- Born: 6 February 1915 Mothbati village, Khulna district, British India
- Died: 2 November 2008 (aged 93)
- Occupations: Politician, journalist
- Political party: Bangladesh Jamaat-e-Islami

= Shamsur Rahman (politician) =

Bangladesh Jamaat-e-Islami politician

Shamsur Rahman (6 February 1915 – 2 November 2008) was a Bangladeshi politician and social activist. He was also member of the 3rd National Assembly of Pakistan (1962) elected from the then East Bengal. He was senior Nayeb-e-Ameer of Bangladesh Jamaat-e-Islami.

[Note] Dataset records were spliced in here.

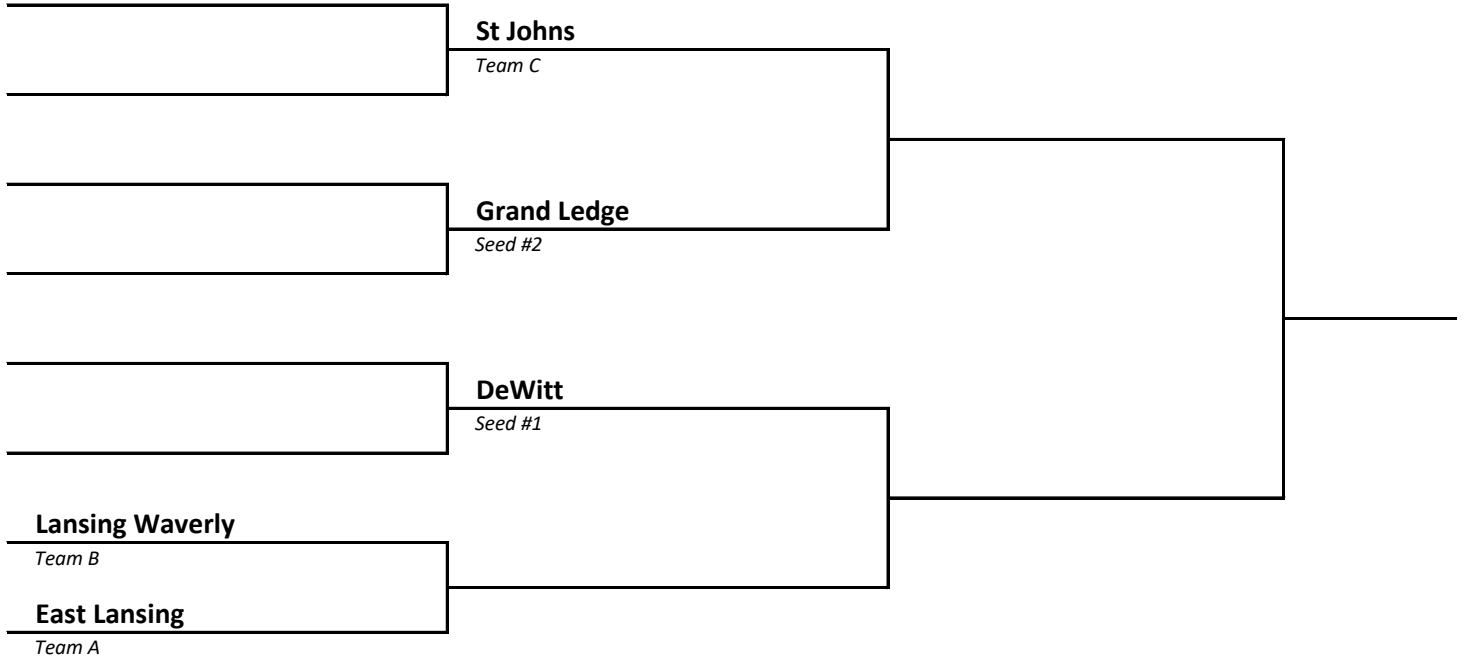

2022-23 Girls Basketball -- District Brackets -- FINAL 2/19/23

DISTRICT 11	HOST Zeeland West
-----------------------	-----------------------------

DISTRICT 12	HOST Wyoming
-----------------------	------------------------

2022-23 Girls Basketball -- District Brackets -- FINAL 2/19/23

DISTRICT	HOST
13	Portage Northern

DISTRICT	HOST
14	Battle Creek Lakeview

2022-23 Girls Basketball -- District Brackets -- FINAL 2/19/23

DISTRICT 15	HOST Lansing Waverly
-----------------------	--------------------------------

DISTRICT 16	HOST Mason
-----------------------	----------------------

2022-23 Girls Basketball -- District Brackets -- FINAL 2/19/23

DISTRICT 17	HOST Ann Arbor Skyline
-----------------------	----------------------------------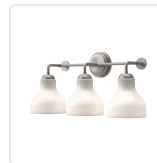

alora mood

P. 1.855.855.8926

CANADA: 102-19028 27th Ave. - Surrey, BC V3Z 5T1

USA: 3035 E. Lone Mountain Rd - Las Vegas, NV, 89081

WESTLAKE VL540322BNGO

FIXTURE DIMENSIONS	W22-1/2" x H10-3/4" x E7-1/2"
HEIGHT FROM CENTER	8-1/2"
EXTENSION	7-1/2"
LAMP TYPE	E26
MAX WATTAGE	60W
BULB QTY	3
BULBS INCLUDED	No
RECOMMENDED BULB TYPE	A19
VOLTAGE	120V
GLASS DETAILS	Glossy Opal Glass
MATERIAL	Glass; Steel;
INSTALL OPTIONS	Up/Down
LOCATION	Damp
BARCODE	UPC 69175907486
CANOPY DIMENSIONS	D4-5/8" x E1-3/8"
FINISH OPTION(S)	Brushed Nickel; Glossy Opal Glass;
BRAND	Alora Mood

[D - Diameter, L - Length, W - Width, H - Height, E - Extension]

AVAILABLE FINISHES:

VL540322BNGO

*For complete warranty terms, please visit: www.aloralighting.com/warranty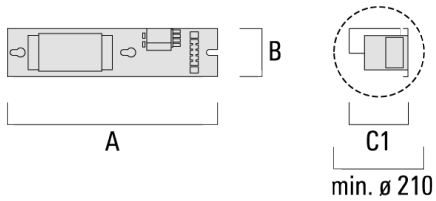

147-0685

FLA730 LED

we-ef

Electrical Accessories

Platine

Description	Part ID	A	B	C1	Weight (kg)
PT110 and 2 fuses E14 for HI 2000W, ~400V/9,60-11,30A	400-0180[komp]500	145	160	160	13.60

Gear box DK6/DK6A (HI 2000W)

Description	Part ID	A	B	C1	M1
DK6A HI 2000W, ~400V/9,60-11,30 A	400-0271[komp]475	290	220	220	20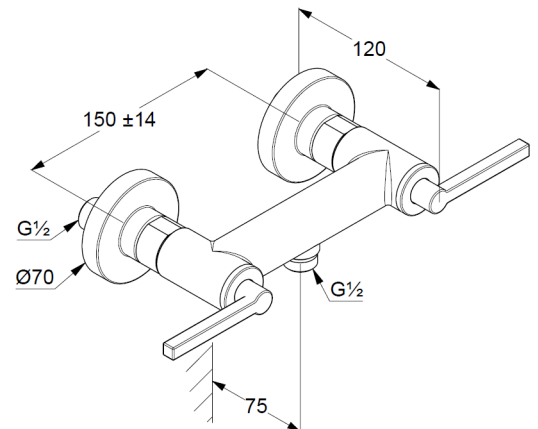

wing handle, metal

protected against back flow

shower outlet G1/2

ceramic headparts 90° (right/left)

flow rate at 3 bar 21 l/min.

S-unions G1/2 x G3/4

Produktabbildung/ Product picture

Maßzeichnung/ Dimensional drawing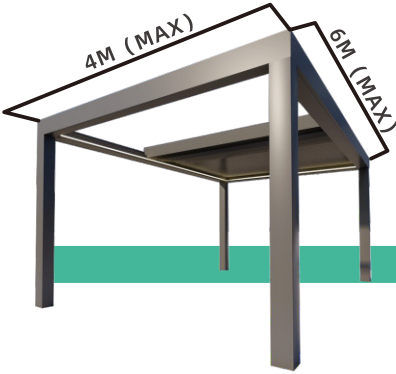

Retractable Louvered Pergola

The retractable louvered pergola is an architectural masterpiece made of full aluminum, capable of various form transformations. The blades can be fully folded and retracted to one end. When the blades are completely retracted, the translucent space can reach 75%, allowing you to enjoy the panoramic sky. When closed, it provides shade from direct sunlight and blocks rainwater. The material is resistant to harsh weather and environments, making it sturdy and durable, with a lifespan of up to 20 years.

Retractable louvered pergola

Full aluminum alloy

LED

LED strip lighting

Remote control operation

Strong wind resistance

Waterproof and rainproof

Thermal insulation and sunshade

Specifications

DIFFERENT TYPES

Four columns (Group A)

Support electric drive, six columns (Group B)

MIX AND MATCH

Six columns (Group C)

HAGENSTEEL Profiler®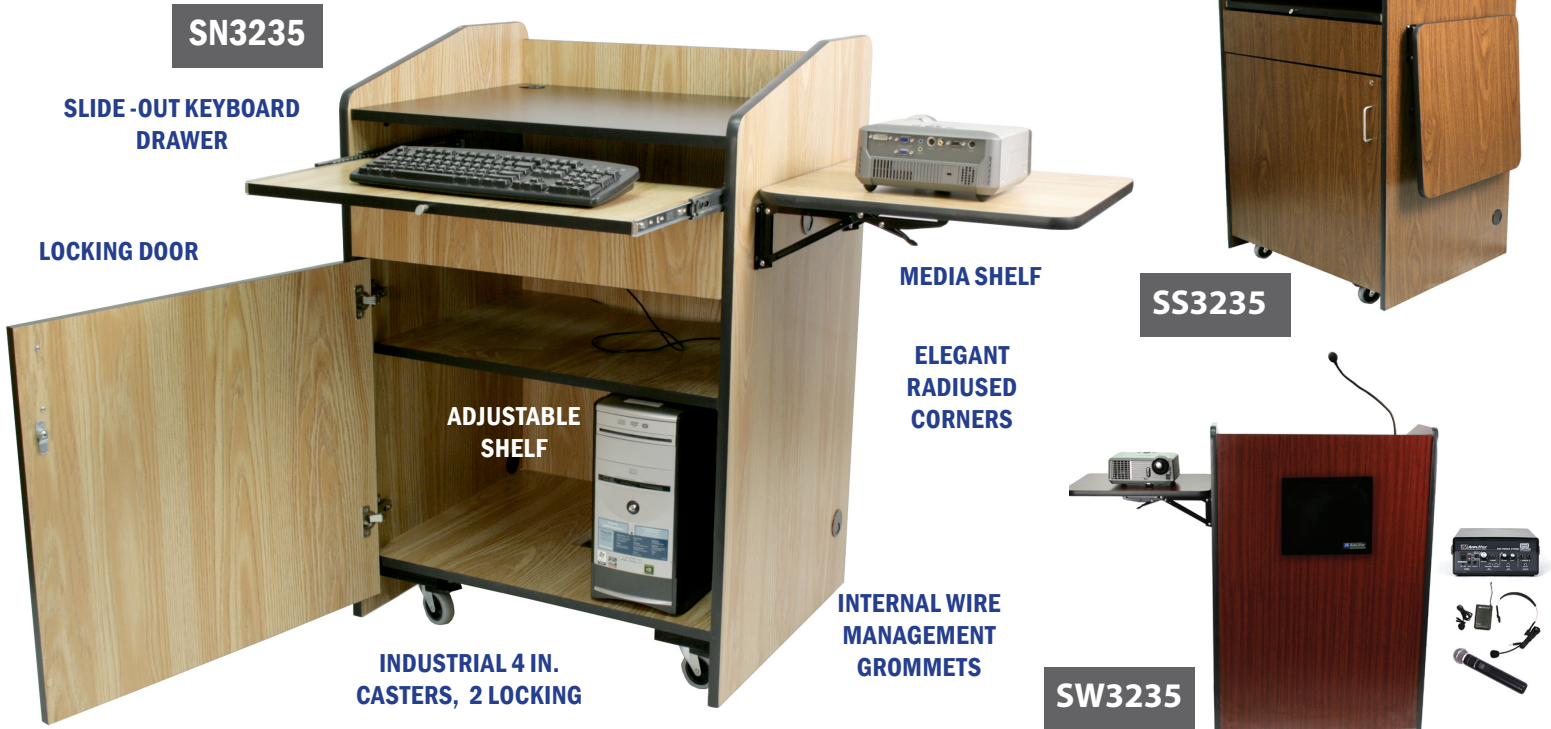

Multimedia Presentation Plus Podium

Be ready for your presentation – no matter what equipment you use. Keep everything securely in one place in our Multimedia Presentation Podium with a locking front door. You have space for an LCD screen and laptop on the large working surface. You can quickly access your keyboard and mouse with the sliding keyboard drawer. You can access power and data ports through the cable cutouts.

Use the fold away side shelf for a document camera or overhead projector. Use the adjustable shelf in the storage cabinet to easily organize your equipment. The podium moves easily on four large casters (2 locking).

Made from high grade melamine laminate, the Multimedia Presentation Podium comes in four finishes: Medium Oak, Maple, Walnut, and Mahogany to fit in any décor. It ships fully assembled by truck. You cannot beat the value.

Use the Multimedia Presentation Podium in classrooms, offices, or as church pulpits when you need easy access to a variety of presentation equipment that is securely stored in one location.

FULLY ASSEMBLED

==Early life and education==

Shamsur Rahman was born on 6 February 1915 in the village of Mathbati, in what is now Paikgachha Upazila of Khulna District in Bangladesh. He was the eldest son of Sharifatunnesa and Kafiluddin Sarder, a renowned English teacher. He completed his secondary school from Kapilmuni Sahachari Vidya Mandir in 1934, higher secondary from Government P.C. College, Bagerhat in 1937. He completed a Bachelor of Arts from Islamia College of Kolkata in 1939.

He started his profession as the principal of in the district of Midnapur at 1939. In 1941, he joined as a government official in the agriculture department.

==Journalism==

In 1949, Shamsur Rahman started his career as a journalist. He became a correspondent of The Pakistan Observer. Later on he began to publish a weekly newspaper named The Weekly Tawhid "সাপ্তাহিক তাওহীদ". He remained as the editor of the newspaper. In 1952, the newspaper came to light as the mouthpiece of Jamaat-e Islami.

==Political career==

Shamsur Rahman, inspired by the political thoughts of Syed Abul A'la Maududi joined Jamaat-e-Islami in the year 1952. He was elected as the Member of the National Assembly of Pakistan in the year 1962. After the liberation war of Bangladesh, he became the secretary general of Bangladesh Jamaat-e-Islami in the year 1978. Later on he became senior Nayeb-e-Ameer of Bangladesh Jamaat-e-Islami and served till 2003.

==Leadership in various institutions==

Shamsur Rahman had carried out his duties as organizer in many social and educational institutions. He was the chairman of Adhunik Prakashani, a renowned publishing company. He also served as the chairman of The Daily Sangram and The Weekly Sonar Bangla.